As an internal developer platform, Backstage fulfills the dream of a central hub with all the tools and information developers need. The days of platform engineers struggling to maintain their custom-made platforms may be over. But before throwing yourself single-mindedly into adopting Backstage, this article invites you to look at its inner workings and evaluate its offerings.
This is the second installment of the “Evaluating Backstage” series. The first article focused on how and why Backstage was developed. This article focuses on how Backstage works. You’ll learn about Backstage’s essential concepts and core offerings, and you’ll also delve into Backstage’s plugin architecture. Finally, as no evaluation is complete without addressing security concerns, the last section explores Backstage’s security model.
Backstage’s Essential Concepts
Backstage is a software catalog, or a central repository that lists and categorizes software components your company develops or uses. You could compare Backstage to a phone book listing all microservices, desktop apps, mobile apps, and web applications, but it’s actually much more than that. Backstage also serves as a frontend for all your developer tools, thanks to a modular plugin ecosystem that gathers your tools in a central place within the catalog so you can easily find them.
Backstage is highly customizable, so companies can adapt it to their exact needs. The code is open source, and when installing Backstage, you generate a template application that you can customize and extend with plugins. Backstage is not a black-box application where you install plugins; rather, you maintain your own source code and can modify it as needed.
Backstage is also a developer-centric platform that uses contemporary configuration management best practices, namely GitOps. The catalog’s definition is stored in Git repositories in YAML format (using a Kubernetes-style manifest). Owners of each Git repository are expected to write catalog configurations for the software they are building or maintaining, following the Backstage system model.
Backstage System Model
The system model is a conceptual representation of the data inside the Backstage software catalog. It defines all the high-level concepts (system, component, resource, API, and so on) that constitute the catalog and the possible relationships between its constituents. The following diagram illustrates the system model:
In a way, the system model is similar to a class diagram or a database schema. Understanding the model will help you configure the software catalog.
Backstage Software Catalog
A software catalog allows you to manage your software assets (such as your frontend and backend applications as well as databases) in a structured and consistent manner, providing transparency and accountability throughout your company’s ecosystem. Backstage allows you to easily locate all systems, resources, components, and features and see how they relate. Understanding these relationships helps you navigate the system and identify dependencies between applications. Ultimately, the services catalog can clearly show an overview of how a company’s ecosystem works. It’s important to keep track of who is responsible for each item in the catalog, so Backstage lets you assign ownership to a department, team, or even a person, and add ways to contact them.
When troubleshooting an issue, Backstage allows you to find the owner of a service and contact them quickly. On the other hand, as a developer, you can find out what systems your colleagues are working on and learn more about those systems.

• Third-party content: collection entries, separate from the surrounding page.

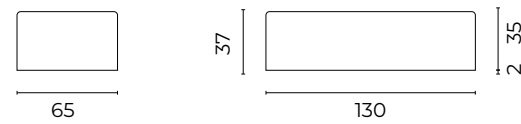

_KUADRO

Pouf Kuadro Pianillo 0780 erba cat. basic
Piede Tondo PP col.nero h.2

_RETTANGOLO

Pouf Rettangolo Pianillo 0730 oliva cat. basic
Piede Tondo PP col.nero h.2

_KUBO

Pouf Kubo Isca 0110 visone cat. super
Piede Tondo PP col.nero h.2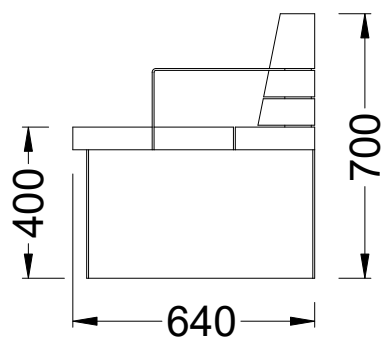

| Photographies et indications non contractuelles

STADTMOBILIAR
ÖFFENTLICHE PARKBÄNKE

ART.-NR. : 1010030
URBES 21

Datum der Veröffentlichung des Datensatzes: 11.05.2026 16:26:15
Web-Produktseite : 1010030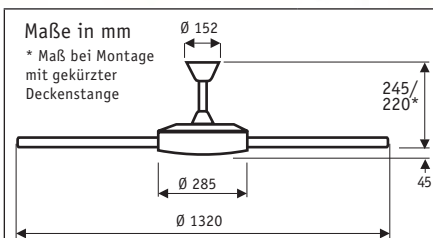

FALCETTO 132 BA #951373 Gehäusefarbe Braun antik, Sichelflügel Nussbaum

Dynamik und Leistungstärke - die perfekte Kombination

- 3-Stufen über Fernbedienung.
- Gehäuse aus Aluminium-Druckguss.
- Vor-/Rückwärtslauf über Schiebeschalter.
- Gewuchteter Motor und Flügel.
- Montage auch an Schrägen (bis 22°).

Infrarot-Fernbedienung

(Motor 3-Stufen/
Licht an/aus) mit
Wandhalter im
Lieferumfang enthalten.

Optionen:

- Optional wandregelbar.
- Längere Deckenstangen für hohe Räume.

FALCETTO	
Flügelanzahl	5
Leistung Motor (W)	17 - 73
Spannung (V/Hz)	230~50
Größe Ø (cm)	132
Anzahl Stufen (per FB)	3
Drehzahl max. (U/min)	190
Gewicht (kg)	11,6
Montage: 2 Schrauben Ø min. 4,5 mm im Abstand von 70 - 110 mm	

Artikel	Art.-Nr.	Gehäusefarbe	Flügeldekor
FALCETTO AP	9513271	Aluminium glanzpoliert	Lack alusilber
FALCETTO WE	9513272	Lack weiß	Lack weiß
FALCETTO BA	9513273	Braun antik	Nussbaum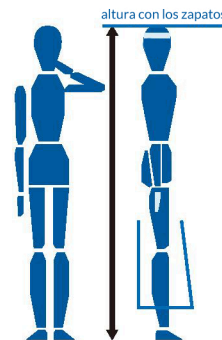

TABLAS DE TAMAÑOS DE TOGA Y BIRRETE

Preescolar

Altura
3'6" - 3'8"
3'9" - 3'11"
4'0" - 4'2"
4'3" - 4'5"

Primaria - Secundaria - Universidad

Altura	Peso por debajo	Altura	Peso por encima
4'6" - 4'8"	190 LBS	Tallas grandes	
4'9" - 4'11"	190 LBS	5'2" - 5'7"	200 LBS
5'0" - 5'2"	190 LBS	5'8" - 6'0"	230 LBS
5'3" - 5'5"	190 LBS	6'1" - 6'4"	330 LBS
5'6" - 5'8"	270 LBS		
5'9" - 5'11"	270 LBS		
6'0" - 6'2"	270 LBS		
6'3" - 6'5"	330 LBS		
6'6" - 6'8"	330 LBS		

Instrucciones para medidas

Cuando se mida para su toga, por favor mídase desde el piso hasta la coronilla. Todos los birretes poseen una banda elástica por dentro, por lo que son talle único y no será necesario tomar medidas.

Notes

- Todos los birretes tienen una banda elástica que hace que sean talle único
- Medida del piso hasta la coronilla
- Todas las medidas están en pies y pulgadas

The central component defined in the catalog is a system. A system is a set of elements that work together to provide some features. The following snippet is an example of how a system can be defined in the catalog:
# Defining a system
apiVersion: backstage.io/v1alpha1 # Kubernetes-style manifests
kind: System
metadata: # Provide context
name: audio-playback
description: Audio playback system
spec: # Define relations
owner: team-c # Define accountability
domain: playback
Once you define the system, you must complete the catalog with more information about that system. A system can be part of a group of systems called domains. A system has components (pieces of software) and resources (services it needs to run). Both components and resources represent the structure of a system. A system also provides or consumes various APIs that define what it offers and its dependencies on other systems.

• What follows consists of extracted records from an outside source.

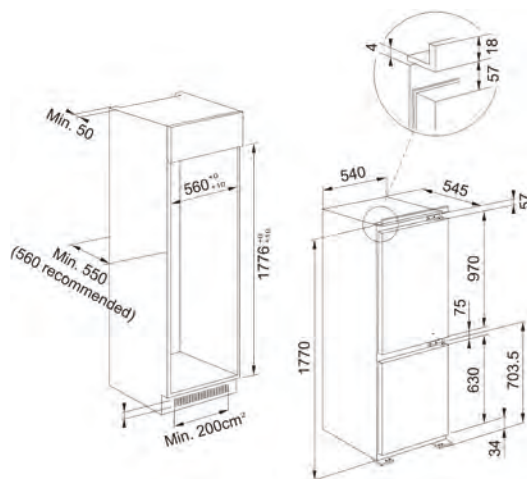

Detalii tehnice

Model	FCB 360 V NE E	FCB 320 V NE E	FCB 320 NE E	FCB 400 V NE N E	FCB 360 TNF NE E	FSDF 330 NF NE E	FSDR 330 V NE E
FUN	118.0606.723	118.0606.722	118.0696.717	118.0705.909	118.0656.684	118.0696.720	118.0696.718
Instalare	Built-in	Built-in	Built-in	Built-in	Built-in	Built-in	Built-in
Tip	Combina frigorifica	Combina frigorifica	Combina frigorifica	Combina frigorifica	Combina frigorifica	Congelator	Frigider
CARACTERISTICI PRINCIPALE							
Capacitate neta frigider (l)	227	194	182	299	212	-	314
Capacitate neta congelator (l)	79	79	68	101	68	209	-
Comanda	Electronica	Electronica	Electronica	Electronica	Electronica	Electronica	Electronica
Numar usi	2	2	2	2	2	1	1
Usi reversibile	da	da	da	da	da	da	da
FRIGIDER							
Sistem de racire	Ventilat	Ventilat	Static	Ventilat	Ventilat	-	Ventilat
Dezghetare	Automata	Automata	Automata	Automata	Automata	-	Automata
Funcție racire rapida	Da	-	-	Da	Da	-	Da
Numar rafturi reglabile	3 / sticla	3 / sticla	4 / sticla	2 / sticla	6 / sticla	-	4 / sticla
Gratar sticle	da	da	-	da	da	-	da
Sertar fructe si legume	da	da	da	da	da	-	da
Numar rafturi usa	4	3	3	4	4	-	5
CONGELATOR							
Sistem de racire	Static	Static	Static	Easy Frost	No Frost	No Frost	-
Decongelare	Manuala	Manuala	Manuala	Manuala	Automata	Automata	-
Numar stele	****	****	****	****	****	****	-
Numar sertare	3	3	3	3	3	8	-
Suport cuburi gheata	da	da	da	da	da	da	-
Funcție congelare rapida	-	-	-	da	da	da	-
Autonomie fara energie electrica (ore) NEL	19	19	9	13	16	7	
CARACTERISTICI TEHNICE							
Clasa eficienta energetica NEL	E	E	E	E	E	E	E
Nivel zgomot (dBA) NEL	35	35	35	35	34	38	34
Clasa climatica	SN-T	SN-T	SN-T	SN-ST	SN-ST	SN-T	SN-T
Consum energie (kW/h) NEL	0,674	0,638	0,619	0,679	0,608	0,643	-
Consum energie anual (kW/h) NEL	246	233	226	248	224	235	114
DIMENSIUNI							
Dimensiuni produs lxA (cm)	193,5 x 54 x 54,5	177 x 54 x 54,5	177 x 54 x 54,5	193,5 x 69 x 54,5	193,5 x 54 x 54,5	177,0 x 54 x 54,5	177,0 x 54 x 54,5
Dimensiuni produs ambalat lxA (cm)	200 x 58 x 60,8	184 x 58 x 60,8	184 x 58 x 60,8	201,4 x 73,2 x 60,6	201 x 58 x 61	184 x 58 x 60,8	184 x 58 x 60,8
Greutate neta / bruta (kg)	55,2 / 57	50,6 / 52,2	50,6 / 52,2	74 / 76	68 / 70	57 / 59	50 / 52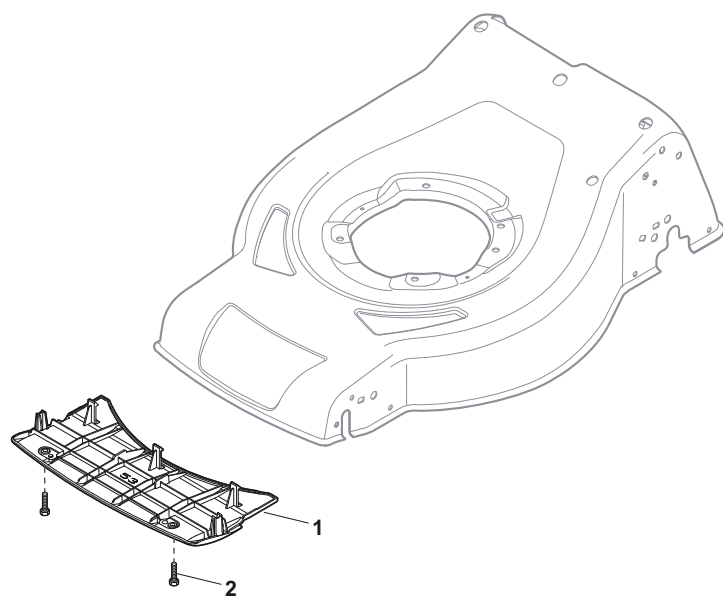

POS	PART. NO	Q.ty	DESCRIPTION	DESCRIZIONE	DESCRIPTION	BESCHREIBUNG	REMARKS
1	322500106/0	1	Front Combi	Pettine Anteriore	Vorne Comb	Peigne Avant	
2	112728698/0	2	Screw	Vite	Vis	Schraube

You can define all entities described in the diagrams in the same way. The following example defines a component for the audio-playback system above. In this example, let’s imagine that this component provides an API (playback-order-api) and consumes a database (playback-db):
# Defining a component
apiVersion: backstage.io/v1alpha1 # Kubernetes-style manifests
kind: Component
metadata: # Provide context
name: playback-order
description: Playback Order
tags:
- java
- playback
spec: # Define relations
type: service
lifecycle: production
owner: team-c # Define ownership
system: audio-playback # Define the service relationship
dependsOn:
- resource:default/playback-db # This component uses a DB
providesApis:
- playback-order-api # The component is providing an API
The next step is to define the resource (playback-db) and API (playback-order-ap). If you’re interested, you can find those configurations in detail on GitHub. But the most important thing is that you can see the model in Backstage once those entities are ingested in the catalog. The following is the Catalog Graph page, where you can see the described model system:
Once you define all the entities (system, components, resources, APIs, and so on), you get a broad overview of your company’s ecosystem.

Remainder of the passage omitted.